[Data items]
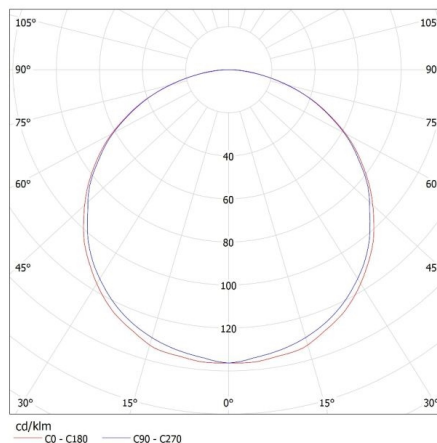

DODATOČNÉ INFORMÁCIE:

- reflektor v tvare pol paraboly / lamely rastra v tvare písmena V / päťce žiaroviek zakryté reflektorom
- v telese svietidla otvory pre priebežné napájanie
- ochranný vodič na rastra, dodatočná ochrana pred úrazom elektrickým prúdom
- jednoduchá montáž mriežky pomocou pružiacich háčikov
- rýchlospojka, pre pripojení napájania, zjednodušuje a urýchľuje montáž, predradník značky TRIDONIC v triede A2
- prášková farba

KANLUX S.A. (kat 19734) REGIS 3 OPAL 418 / Krzywa rozsyłu światła (biegunowo)

→ WHAT THE TASK REQUIRES
Go through the records line by line, and copy each line that holds the string "rastra".

→ OUTPUT FOR THIS EXERCISE
- reflektor v tvare pol paraboly / lamely rastra v tvare písmena V / päťce žiaroviek zakryté reflektorom
- ochranný vodič na rastra, dodatočná ochrana pred úrazom elektrickým prúdom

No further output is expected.